Given information:
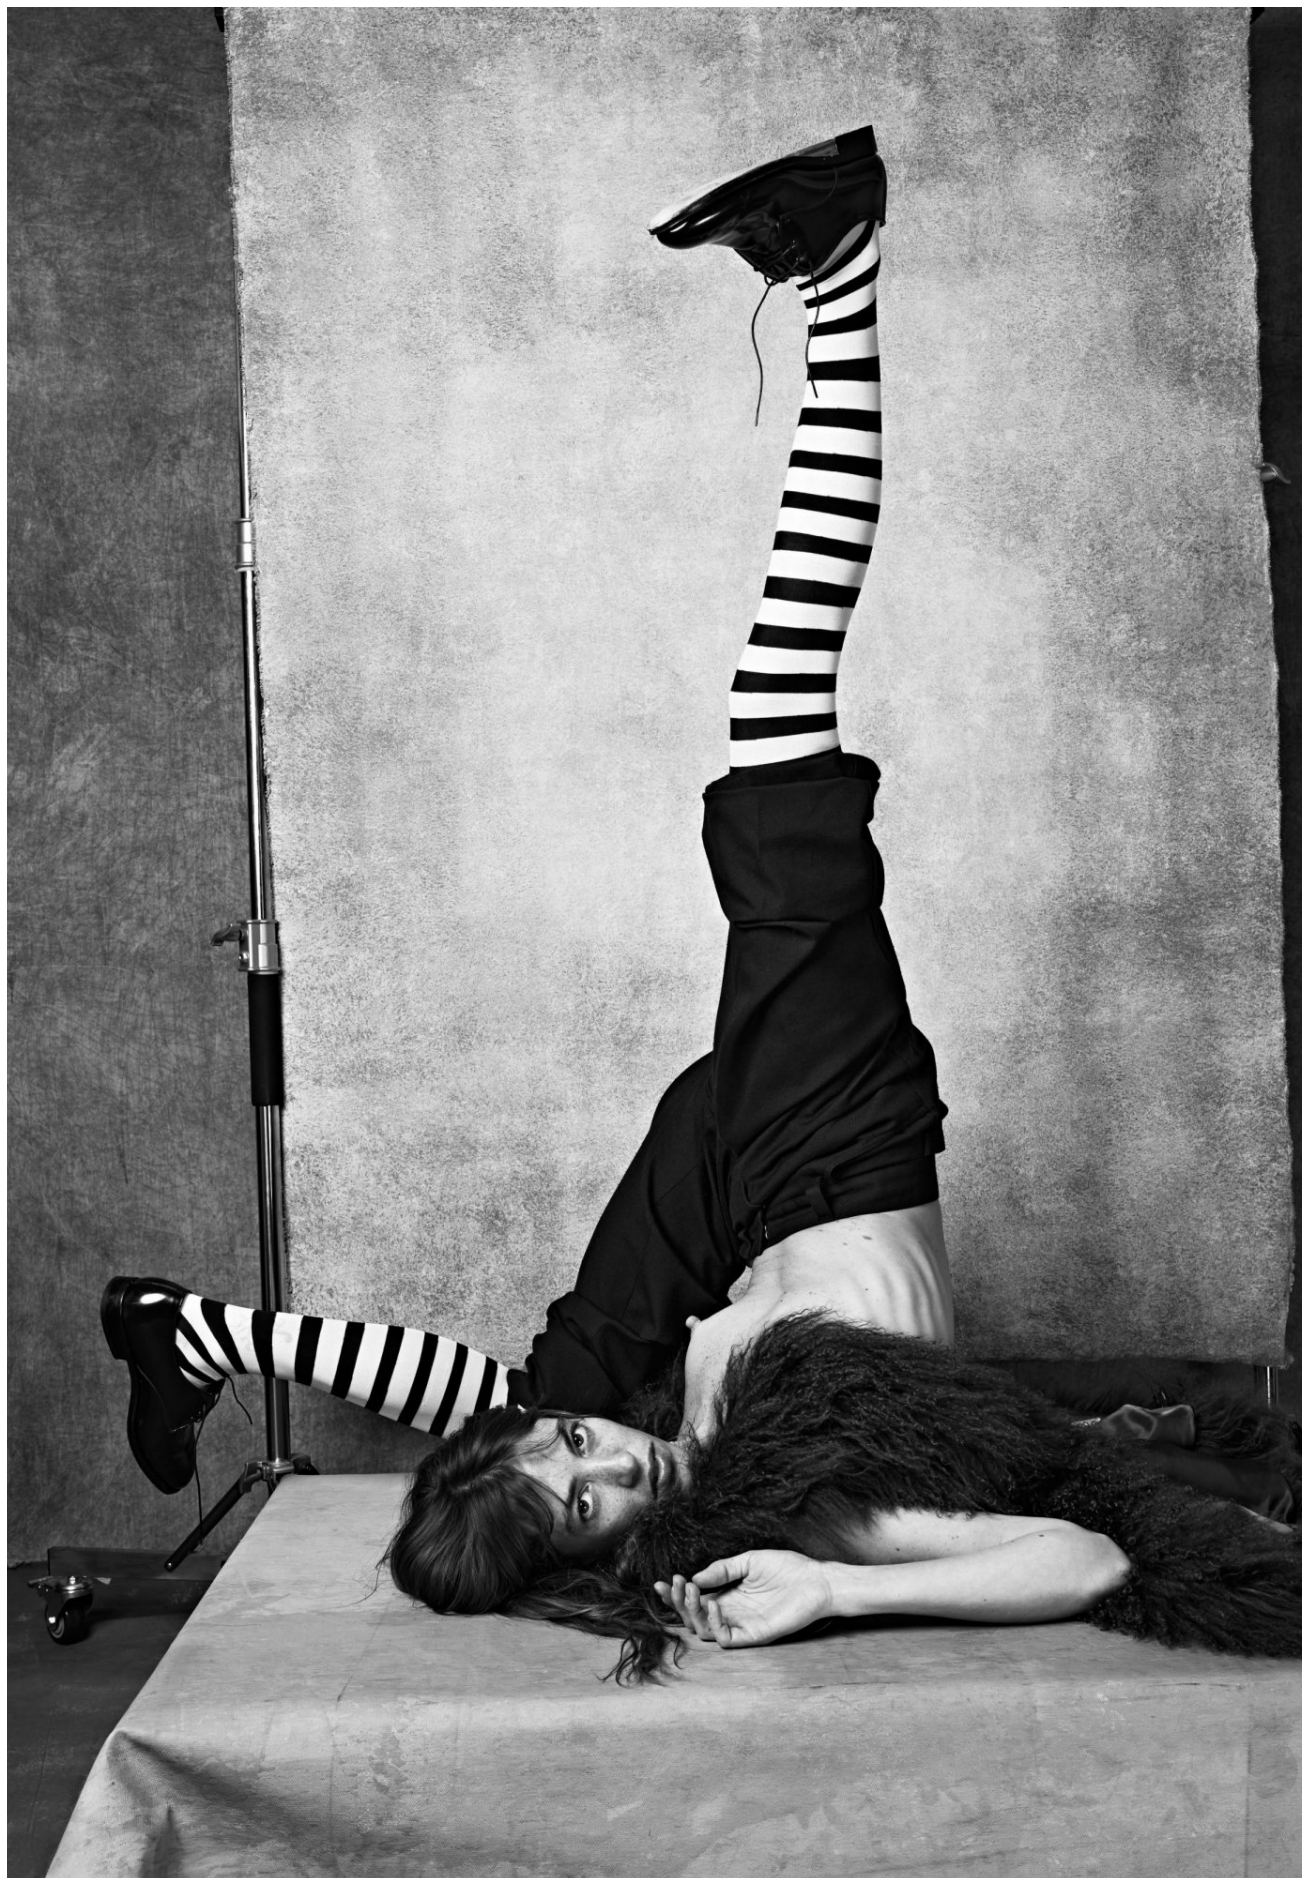

ALICE SOFIA

HEIGHT 176 / 5'9.5" | BUST 82 / 32,5 / A | WAIST 61 / 24 | HIPS 92 / 36.5" | HAIR BROWN
EYES HAZEL | SHOES 8 AU / 39 EU

kult
AUSTRALIA
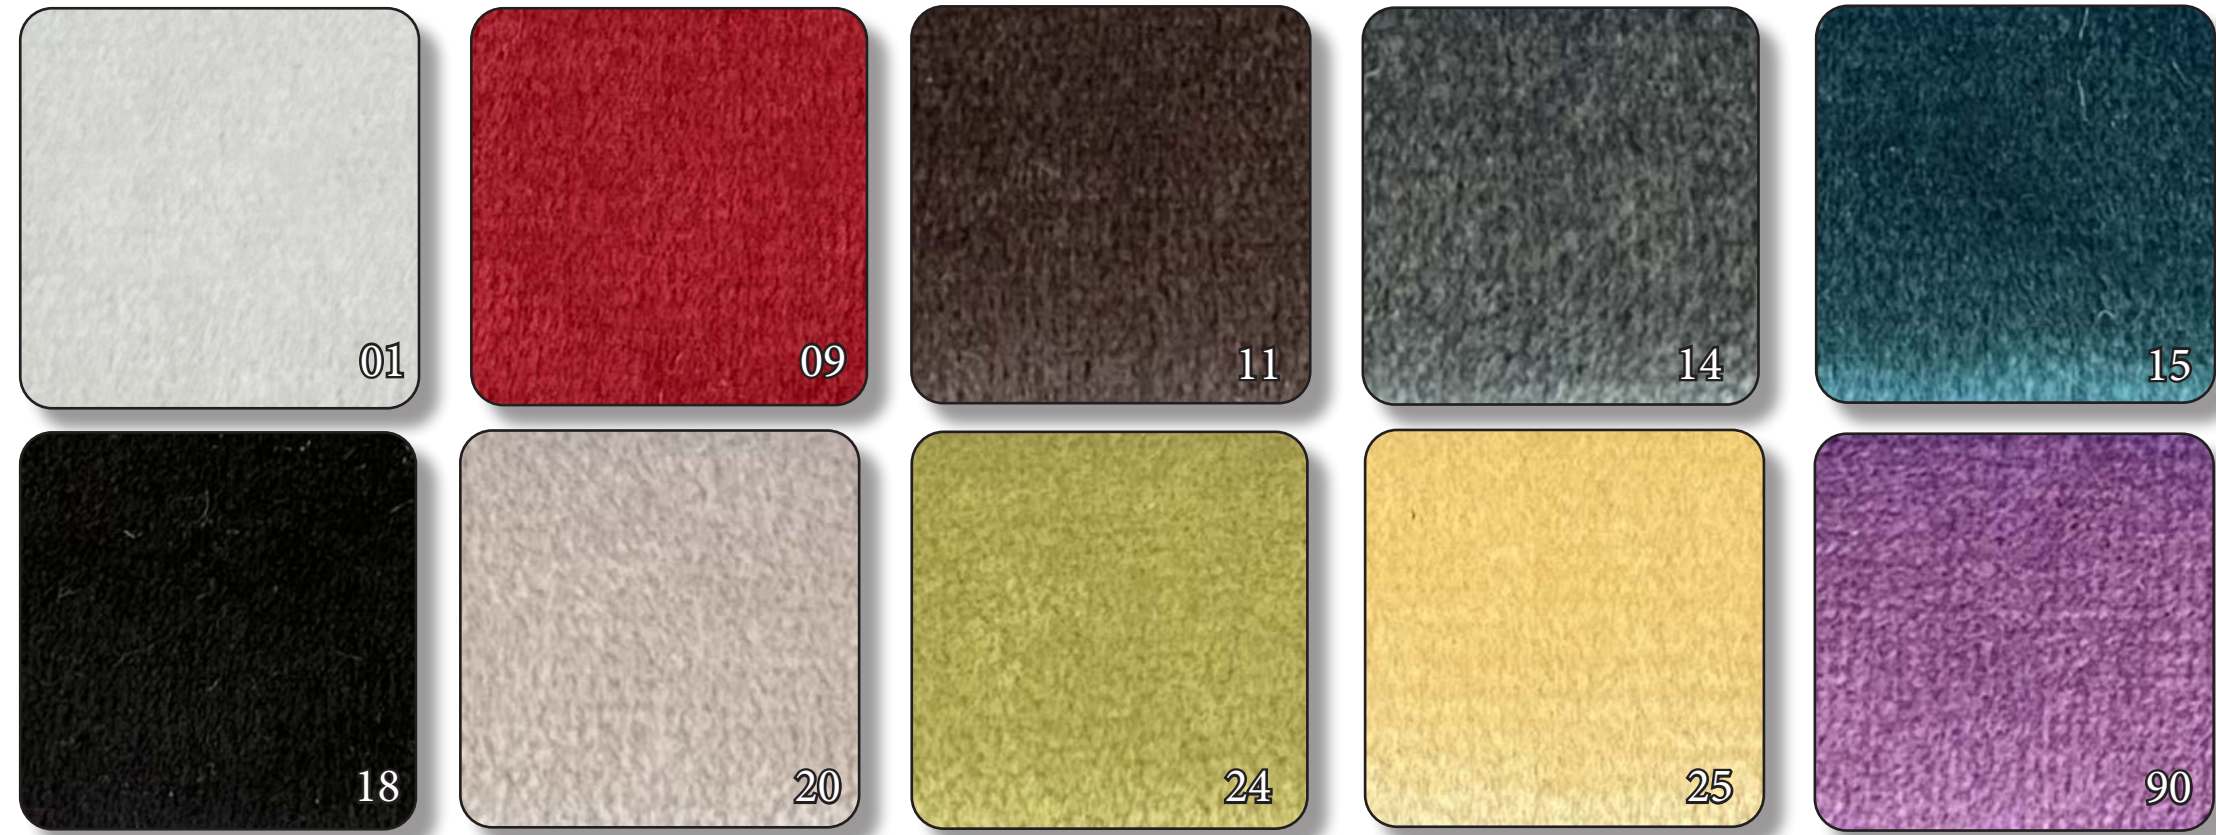

HONEYMOON

Cat. STANDARD

COMPOSITION
WEIGHT
MARTINDALE
CARE

100%PL
500GR/MTL
100.000

Note: Due to variations in computer screens, we cannot guarantee that colours shown here are truly representative of our products.
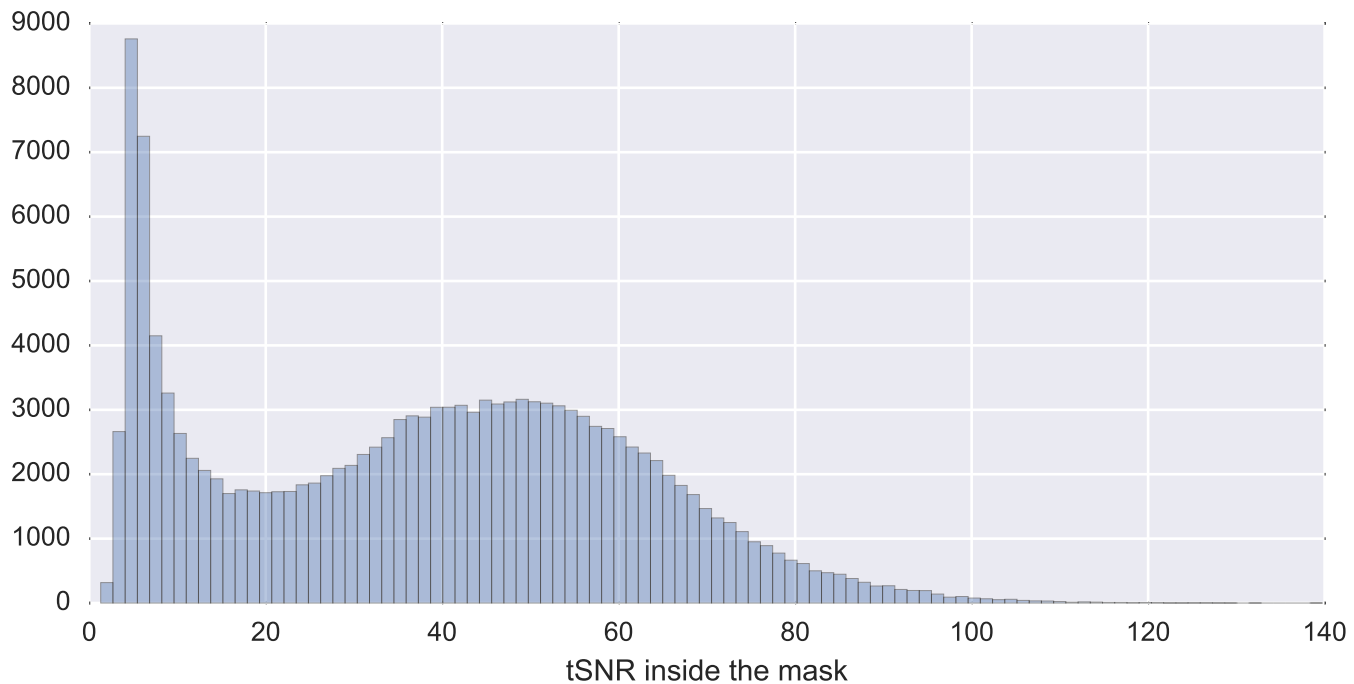

Mean EPI

Brain mask

tSNR

motion

fieldmap correction

coregistration

Task prompt:
Would you please copy the listing exactly, omitting every picture?

Response area:
ALICE SOFIA

HEIGHT 176 / 5'9.5" | BUST 82 / 32,5 / A | WAIST 61 / 24 | HIPS 92 / 36.5" | HAIR BROWN
EYES HAZEL | SHOES 8 AU / 39 EU

kult
AUSTRALIA

HONEYMOON

Cat. STANDARD

COMPOSITION
WEIGHT
MARTINDALE
CARE

100%PL
500GR/MTL
100.000

Note: Due to variations in computer screens, we cannot guarantee that colours shown here are truly representative of our products.

Mean EPI

Brain mask

tSNR

motion

fieldmap correction

coregistration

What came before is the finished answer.